Since we’ve already covered the fundamentals of GCN in our GCN preview and the Radeon HD 7970 is primarily a gaming product we’re not going to go over GCN in depth here, but I’d encourage you to read our preview to fully understand the intricacies of GCN. But if you’re not interested in that, here’s a quick refresher on GCN with details pertinent to the 7970.

As we’ve already seen in some depth with the Radeon HD 6970, VLIW architectures are very good for graphics work, but they’re poor for compute work. VLIW designs excel in high instruction level parallelism (ILP) use cases, which graphics falls under quite nicely thanks to the fact that with most operations pixels and the color component channels of pixels are independently addressable datum. In fact at the time of the Cayman launch AMD found that the average slot utilization factor for shader programs on their VLIW5 architecture was 3.4 out of 5, reflecting the fact that most shader operations were operating on pixels or other data types that could be scheduled together

Meanwhile, at a hardware level VLIW is a unique design in that it’s the epitome of the “more is better” philosophy. AMD’s high steam processor counts with VLIW4 and VLIW5 are a result of VLIW being a very thin type of architecture that purposely uses many simple ALUs, as opposed to fewer complex units (e.g. Fermi). Furthermore all of the scheduling for VLIW is done in advance by the compiler, so VLIW designs are in effect very dense collections of simple ALUs and cache.

The hardware traits of VLIW mean that for a VLIW architecture to work, the workloads need to map well to the architecture.
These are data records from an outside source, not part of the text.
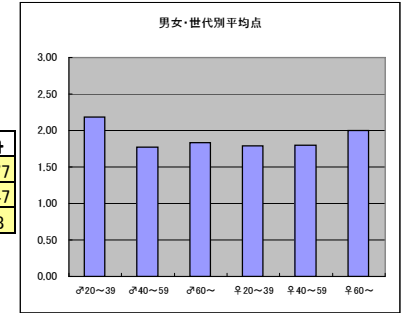

m1+f1合計			
順位	放送局	番組名	人数
1	TBS	情熱大陸	75
2	テレビ東京	ガイアの夜明け	63
3	NHK	NHKスペシャル	53
4	テレビ東京	ソロモン流	47
5	テレビ朝日	人生の楽園	46

m2+f2合計			
順位	放送局	番組名	人数
1	テレビ東京	ガイアの夜明け	61
1	TBS	情熱大陸	61
3	NHK	NHKスペシャル	55
4	テレビ東京	ソロモン流	48
5	TBS	夢の扉+	43

m3+f3合計			
順位	放送局	番組名	人数
1	テレビ朝日	人生の楽園	11
1	TBS	情熱大陸	11
3	テレビ東京	ガイアの夜明け	10
3	NHK	NHKスペシャル	10
5	TBS	夢の扉+	9

●平均点1位
テレビ東京「ガイアの夜明け」

○放送日時 10/8(火) 22:00~22:54

○評価

	♂20~39	♂40~59	♂60~	♀20~39	♀40~59	♀60~	合計
年代	m1	m2	m3	f1	f2	f3	
点数	63	54	10	63	53	12	255
人数	29	31	6	34	30	4	134
平均点	2.17	1.74	1.67	1.85	1.77	3.00	1.90

○主なコメント

- ・日本の技術の素晴らしさを見て、日本人であることを誇りに思った。
- ・買おうか迷っている物が偶然にも毎回のように特集され、必ず参考にする

●平均点2位
TBS「情熱大陸」

○放送日時 10/13(日) 23:00~23:30

○評価

	♂20~39	♂40~59	♂60~	♀20~39	♀40~59	♀60~	合計
年代	m1	m2	m3	f1	f2	f3	
点数	72	46	11	75	63	10	277
人数	33	26	6	42	35	5	147
平均点	2.18	1.77	1.83	1.79	1.80	2.00	1.88

○主なコメント

- ・様々な分野の人物に密着するのが興味深く面白い。
- ・知らない世界の人を知れる。

●平均点3位
NHK「NHKスペシャル」

○放送日時 10/13(日) 21:00~22:00

○評価

	♂20~39	♂40~59	♂60~	♀20~39	♀40~59	♀60~	合計
年代	m1	m2	m3	f1	f2	f3	
点数	64	66	15	37	35	4	221
人数	30	35	8	23	20	2	118
平均点	2.13	1.89	1.88	1.61	1.75	2.00	1.87

Complex operations that the simple ALUs can’t handle are bad for VLIW, as are instructions that aren’t trivial to schedule together due to dependencies or other conflicts. As we’ve seen graphics operations do map well to VLIW, which is why VLIW has been in use since the earliest pixel shader equipped GPUs. Yet even then graphics operations don’t achieve perfect utilization under VLIW, but that’s okay because VLIW designs are so dense that it’s not a big problem if they’re operating at under full efficiency.
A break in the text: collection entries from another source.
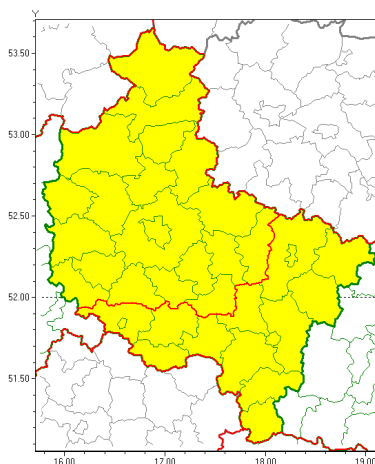

Zasięg ostrzeżeń w województwie

Opady mroźne
2020-12-10 13:09

WOJEWÓDZTWO WIELKOPOLSKIE
OSTRZEŻENIA METEOROLOGICZNE ZBIORCZO NR 142
WYKAZ OBSZARÓW ZJAWIENIA SIĘ OSTRZEŻENIA
o godz. 13:09 dnia 10.12.2020

Zjawisko/Stopień zagrożenia	Opady mroźne/1
Obszar (w nawiasie numer ostrzeżenia dla powiatu)	powiaty: chodzieski(61), czarnkowsko-trzcianecki(55), gnieźnieński(69), grodziski(56), jarociński(65), kościański(59), międzybuzki(51), nowotomyski(56), obornicki(57), pilski(61), Poznań (59), poznański(59), słupecki(73), szamotulski(55), redziński(62), remski(61), w groliecki(65), wolsztyński(56), wrzesiński(67), złotowski(60)
Ważność	od godz. 13:30 dnia 10.12.2020 do godz. 22:00 dnia 10.12.2020
Prawdopodobieństwo	80%
Przebieg	Miejscami wystąpi i nadal prognozuje się możliwość wystąpienia słabych opadów mroźnych oraz możliwość powstania gołolei.
SMS	IMGW-PIB OSTRZEŻENIA: MROŻNE OPADY/1 wielkopolskie (20 powiatów) od 13:30/10.12 do 22:00/10.12.2020 mroźne opady, drogi śliskie. Dotyczy powiatów: chodzieski, czarnkowsko-trzcianecki, gnieźnieński, grodziski, jarociński, kościański, międzybuzki, nowotomyski, obornicki, pilski, Poznań, poznański, słupecki, szamotulski, redziński, remski, w groliecki, wolsztyński, wrzesiński i złotowski.
RSO	Woj. wielkopolskie (20 powiatów), IMGW-PIB wydał ostrzeżenie pierwszego stopnia o opadach mroźnych
Uwagi	Brak.
Zjawisko/Stopień zagrożenia	Opady mroźne/1

When it comes to compute workloads however, the idiosyncrasies of VLIW start to become a problem. “Compute” covers a wide range of workloads and algorithms; graphics algorithms may be rigidly defined, but compute workloads can be virtually anything. On the one hand there are compute workloads such as password hashing that are every bit as embarrassingly parallel as graphics workloads are, meaning these map well to existing VLIW architectures. On the other hand there are tasks like texture decompression which are parallel but not embarrassingly so, which means they map poorly to VLIW architectures. At one extreme you have a highly parallel workload, and at the other you have an almost serial workload.


Cayman, A VLIW4 Design

So long as you only want to handle the highly parallel workloads VLIW is fine. But using VLIW as the basis of a compute architecture is going is limit what tasks your processor is sufficiently good at. If you want to handle a wider spectrum of compute workloads you need a more general purpose architecture, and this is the situation AMD faced.

But why does AMD want to chase compute in the first place when they already have a successful graphics GPU business? In the long term GCN plays a big part in AMD’s Fusion plans, but in the short term there’s a much simpler answer: because they have to.

In Q3’2011 NVIDIA’s Professional Solutions Business (Quadro + Tesla) had an operating income of 95M on 230M in revenue. Their (consumer) GPU business had an operating income of 146M, but on a much larger 644M in revenue. Professional products have much higher profit margins and it’s a growing business, particularly the GPU computing side. As it stands NVIDIA and AMD may have relatively equal shares of the discrete GPU market, but it’s NVIDIA that makes all the money. For AMD’s GPU business it’s no longer enough to focus only on graphics, they need a larger piece of the professional product market to survive and thrive in the future. And thus we have GCN.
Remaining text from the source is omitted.